→ **WHAT YOU HAVE TO DO**:
Scan the material below for the string "Band". Report every line that has it.

→ **MATERIALS PROVIDED**:
------------------------

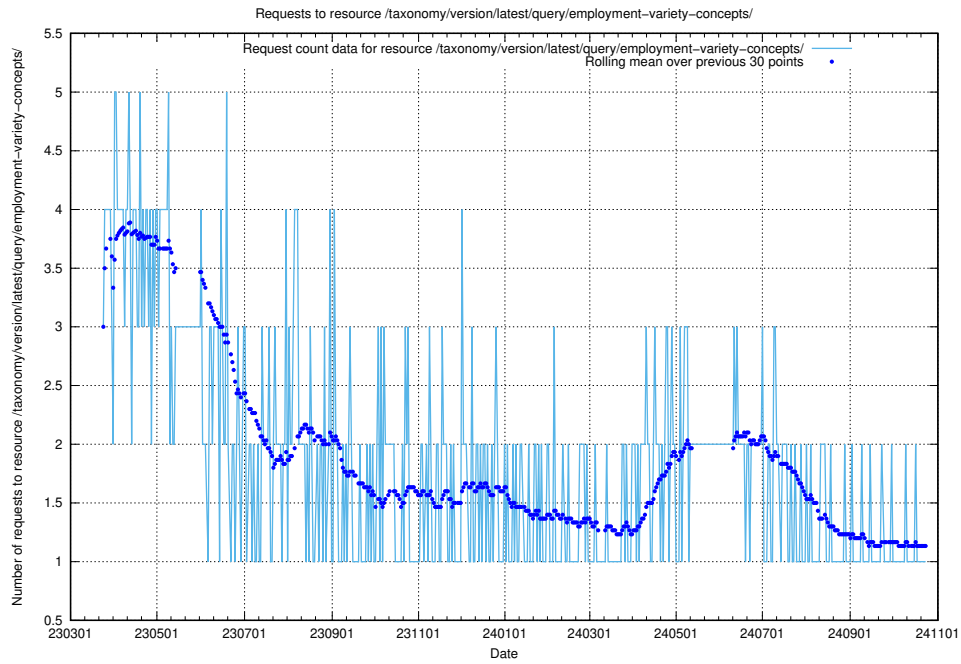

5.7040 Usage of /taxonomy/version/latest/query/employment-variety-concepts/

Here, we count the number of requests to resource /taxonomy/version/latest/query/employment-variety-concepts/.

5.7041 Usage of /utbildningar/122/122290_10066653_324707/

------------------------

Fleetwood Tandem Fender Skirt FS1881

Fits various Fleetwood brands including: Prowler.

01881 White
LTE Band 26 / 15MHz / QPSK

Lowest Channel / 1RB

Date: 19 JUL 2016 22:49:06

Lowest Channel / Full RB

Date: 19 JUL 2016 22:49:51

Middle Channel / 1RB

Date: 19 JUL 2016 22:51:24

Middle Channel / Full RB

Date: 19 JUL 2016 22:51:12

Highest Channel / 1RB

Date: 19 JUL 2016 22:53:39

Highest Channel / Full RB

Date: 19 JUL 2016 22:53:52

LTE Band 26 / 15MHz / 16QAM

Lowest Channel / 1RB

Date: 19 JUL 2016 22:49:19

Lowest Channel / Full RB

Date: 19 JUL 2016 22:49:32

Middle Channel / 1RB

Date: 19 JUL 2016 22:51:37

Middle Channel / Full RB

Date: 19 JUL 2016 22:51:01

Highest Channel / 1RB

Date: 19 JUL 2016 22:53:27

------------------------

→ **YOUR SOLUTION**:
LTE Band 26 / 15MHz / QPSK
LTE Band 26 / 15MHz / 16QAM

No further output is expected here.